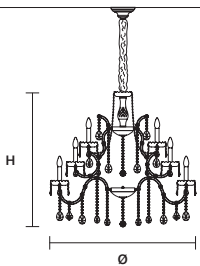

AQABA S 24/130/100
 ø 130 cm / 51.20"
 H 100 cm / 39.40"
 ■ 41 kg / 90.20 lb

STANDARD LIGHTING 
 24×E14×10 W MAX (NOT INCL.)

INTEGRATED LED LIGHTING 
 RGB-W 24×LED SOURCE - 204 W TOT
 DW 24×LED SOURCE - 194,4 W TOT

AQABA S 24/155/130
 ø 155 cm / 61.00"
 H 130 cm / 51.20"
 ■ 55 kg / 121.00 lb

STANDARD LIGHTING 
 24×E14×10 W MAX (NOT INCL.)

INTEGRATED LED LIGHTING 
 RGB-W 24×LED SOURCE - 204 W TOT
 DW 24×LED SOURCE - 194,4 W TOT

AQABA S 25/100/90
 ø 100 cm / 39.40"
 H 90 cm / 35.40"
 ■ 30 kg / 66.00 lb

STANDARD LIGHTING 
 25×E14×10 W MAX (NOT INCL.)

INTEGRATED LED LIGHTING 
 RGB-W 25×LED SOURCE - 212,5 W TOT
 DW 25×LED SOURCE - 202,5 W TOT

========================================================================

> What to work on: In the entries above, find each line that has the word "AQABA". Copy it.

> Answer section:
AQABA S 24/130/100
AQABA S 24/155/130
AQABA S 25/100/90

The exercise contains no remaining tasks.